#### Supplied records

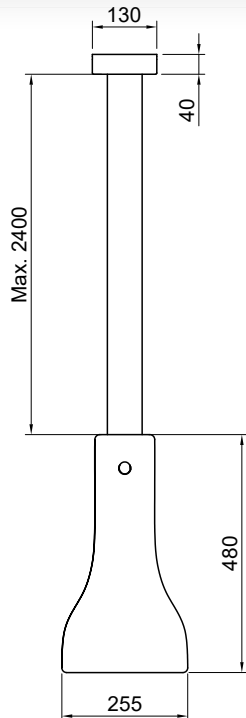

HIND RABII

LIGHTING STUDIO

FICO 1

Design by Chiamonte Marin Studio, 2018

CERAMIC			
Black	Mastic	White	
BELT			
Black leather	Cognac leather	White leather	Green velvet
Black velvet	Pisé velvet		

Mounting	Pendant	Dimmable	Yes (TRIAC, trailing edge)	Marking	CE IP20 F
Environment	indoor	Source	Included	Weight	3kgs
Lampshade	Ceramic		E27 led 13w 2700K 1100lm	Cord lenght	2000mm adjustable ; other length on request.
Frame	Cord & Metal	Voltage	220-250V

########
#### Supplied records

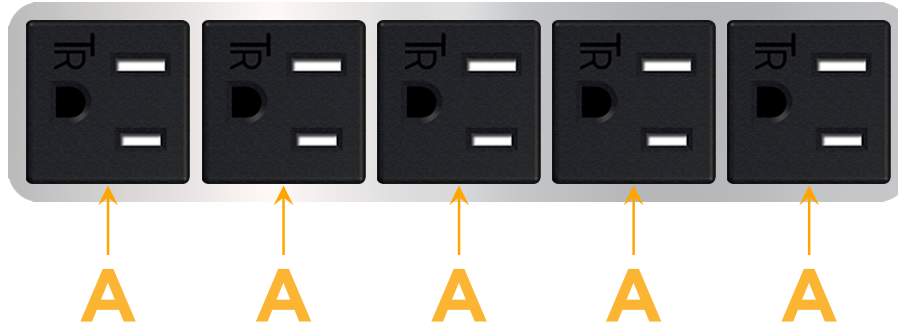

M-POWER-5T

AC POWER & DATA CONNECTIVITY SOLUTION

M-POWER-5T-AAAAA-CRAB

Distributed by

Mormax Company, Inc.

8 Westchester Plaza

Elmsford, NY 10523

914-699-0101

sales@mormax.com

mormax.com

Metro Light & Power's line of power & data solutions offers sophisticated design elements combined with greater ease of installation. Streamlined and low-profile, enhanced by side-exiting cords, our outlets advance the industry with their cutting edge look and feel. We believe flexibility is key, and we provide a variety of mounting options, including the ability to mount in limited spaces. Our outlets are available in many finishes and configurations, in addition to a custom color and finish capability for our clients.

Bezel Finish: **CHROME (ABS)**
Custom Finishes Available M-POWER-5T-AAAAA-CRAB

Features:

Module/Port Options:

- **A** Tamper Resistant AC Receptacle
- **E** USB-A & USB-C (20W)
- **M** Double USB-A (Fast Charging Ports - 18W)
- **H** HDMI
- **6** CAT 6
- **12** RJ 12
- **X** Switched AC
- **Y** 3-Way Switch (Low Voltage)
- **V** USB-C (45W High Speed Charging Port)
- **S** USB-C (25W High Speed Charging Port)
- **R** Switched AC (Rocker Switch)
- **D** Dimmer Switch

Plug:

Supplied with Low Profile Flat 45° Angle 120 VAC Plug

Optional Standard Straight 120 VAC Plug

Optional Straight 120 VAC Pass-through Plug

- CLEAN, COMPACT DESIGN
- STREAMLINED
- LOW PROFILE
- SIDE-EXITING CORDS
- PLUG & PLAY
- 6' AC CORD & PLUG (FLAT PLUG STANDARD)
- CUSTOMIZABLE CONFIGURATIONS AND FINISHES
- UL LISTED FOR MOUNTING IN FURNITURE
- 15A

########
#### Supplied records

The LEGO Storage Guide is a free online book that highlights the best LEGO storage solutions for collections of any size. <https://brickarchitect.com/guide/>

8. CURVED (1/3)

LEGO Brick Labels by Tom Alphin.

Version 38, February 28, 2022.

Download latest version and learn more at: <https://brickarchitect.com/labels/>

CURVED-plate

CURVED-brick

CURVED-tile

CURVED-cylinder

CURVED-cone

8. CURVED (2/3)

########

### Problem requirements
Across the listing above, find all lines where the word "solutions" is present and copy them.

### Response for this exercise
Metro Light & Power's line of power & data solutions offers sophisticated design elements combined with greater ease of installation. Streamlined and low-profile, enhanced by side-exiting cords, our outlets advance the industry with their cutting edge look and feel. We believe flexibility is key, and we provide a variety of mounting options, including the ability to mount in limited spaces. Our outlets are available in many finishes and configurations, in addition to a custom color and finish capability for our clients.
The LEGO Storage Guide is a free online book that highlights the best LEGO storage solutions for collections of any size. <https://brickarchitect.com/guide/>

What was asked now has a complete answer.